Maybe your standard terms are ineffective. Here’s why
Business entities often have their own standard terms and conditions at hand. These terms are often drafted carefully by legal professionals with the purpose of protecting the rights of issuer. However, over-protection of one party’s benefits may come at the expense of the other.
For example, a procurement manager told me that the legal manager in her company embedded a limit of liabilities into the standard terms. In this clause, the company shall only pay the supplier up to 50% of the damages caused by the company’s non-conformance. Of course, no suppliers liked this clause. They protested strongly against such unfair term.
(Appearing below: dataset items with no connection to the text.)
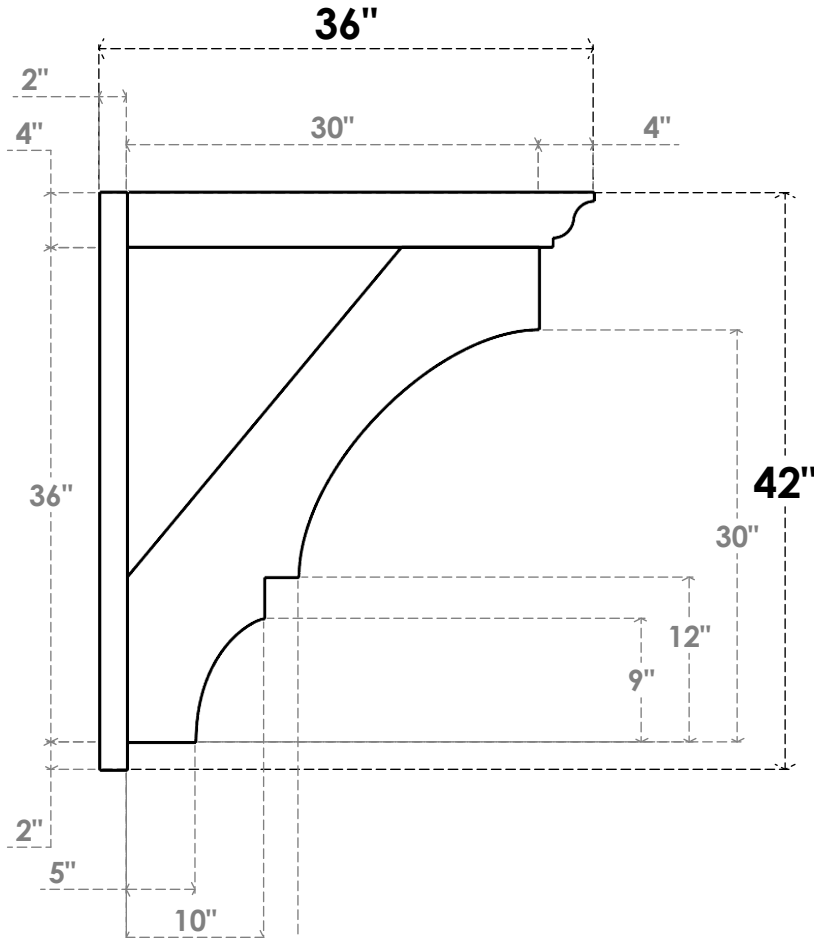

ITEM NUMBER: OUTUROC040X060X36000X42000X040X020X040BOA04RCPR

4"W TOP X 6"W BACK X 36"D X 42"H X 4"T TOP X 2"T BACK TIMBERTHANE ROUGH CEDAR BALBOA FAUX WOOD OPEN OUTLOOKER, TRADITIONAL TOP AND BLOCK BACK, 4"W CLOSED BRACE, PRIMED TAN

SIDE PROFILE

FRONT PROFILE

ISOMETRIC

GENERATED DATE : 07/05/2023

EKENA MILLWORK
2300 WEST MAIN ST.
CLARKSVILLE, TX 75426
TOLL FREE: 866-607-0453
WWW.EKENAMILLWORK.COM

NOTES

1. INSTALLATION TO BE COMPLETED IN ACCORDANCE WITH MANUFACTURER'S SPECIFICATIONS.
2. DRAWING MAY NOT BE TO SCALE
3. THIS DRAWING IS INTENDED FOR DESIGN AND PLANNING PURPOSES ONLY.
4. ALL INFORMATION CONTAINED HEREIN WAS CURRENT AT THE TIME OF DEVELOPMENT BUT MUST BE REVIEWED AND APPROVED BY THE PRODUCT MANUFACTURER TO BE CONSIDERED ACCURATE.
5. TIMBERTHANE ARCHITECTURAL PRODUCTS ARE MADE FROM HIGH DENSITY URETHANE AND COME FACTORY PRIMED

When situations similar to above example arise, many countries (and model law) have legislation to deal with it, especially in case of business to consumer transactions or standard terms are being used between two businesses. The following are some of examples of such regulation:
- Article 4:109 and Article 4:110 in Principles of European Contract Law
- From Article II.-9:401 to Article II.-9:410 of Principles, Definitions and Model Rules of European Private Law
- Article 3.2.7 on Gross Disparity of UNIDROIT Principles of International Commercial Contracts
- Unfair Contract Terms Act 1977 (UK)
- Article 405 and 406 of Vietnam’s Civil Code no. 91/2015/QH13
Other countries (such as Botswana, Kenya, Malaysia, Nigeria, South Africa, etc) also have similar regulations on unfair contracts, but only limit the scope of these regulations to consumer scheme.
According to these regulations, if a clause within the standard terms in use is considered as ‘unfair’, the clause will be ineffective (or the other party will be entitled to avoid the clause). At court, the clause that is deemed to be unfair will undergo a ‘reasonableness’ test or an ‘unfairness’ test. Though this type of test varies from country to country, there are still some common requirements among different legislations:
- Is the contract term was written in clear, plain and intelligible language? If not, it can be considered as unfair and thus ineffective.
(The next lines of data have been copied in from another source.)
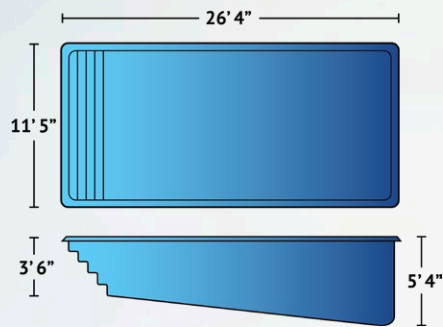

Medium Pools

Caribbean

Classic, elegant and serene, the Caribbean brings a slice of paradise right into your backyard. Full-width entry stairs at the shallow end make a great gathering place for swimmers to rest, sit and chat with friends. The 3'6" shallow end gradually slopes to the 5'4" deep end giving this model an appeal to swimmers of all levels. Measuring 11'5" in width and 26'4" in length, the Caribbean pool is perfect for exercise, family fun and entertainment.

Details

Dimensions

Exterior	11'5" x 26'4"
Interior	10'5" x 25'4"

Depth	3'6" to 5'4"

Features	Graduated Depth Built-In Stairs

- Does the party giving the terms gains an unjustifiably excessive advantages due to the contract terms? This question is the cornerstone of regulations on unfair contracts. The decision on excessive advantages depends on the specific wording of the contract. If the answer is yes, the term will be ineffective. The following clauses are often seemed as unfair:
- The clause that enables a business to alter unilaterally without a valid reason any characteristics of the goods, other assets or services to be provided
- The clause that requires the other party who fails to perform his or her obligations to pay a disproportionately high amount of damages
- The clause that obliges the other party to fulfil all his or her obligations where the business fails to fulfil its own.
However, unfair terms can still be valid if they are based on provisions of applicable law.
After all, you must always be careful about using your standard terms. Putting excessive burdens on your supplier/customer may backfire. On the other hand, knowing about unfair contract regulation may help you business deal with standard terms & conditions provided by powerful suppliers, banks or insurance companies. Promoting good faith and fair trade practice is a thing that procurement professionals should do.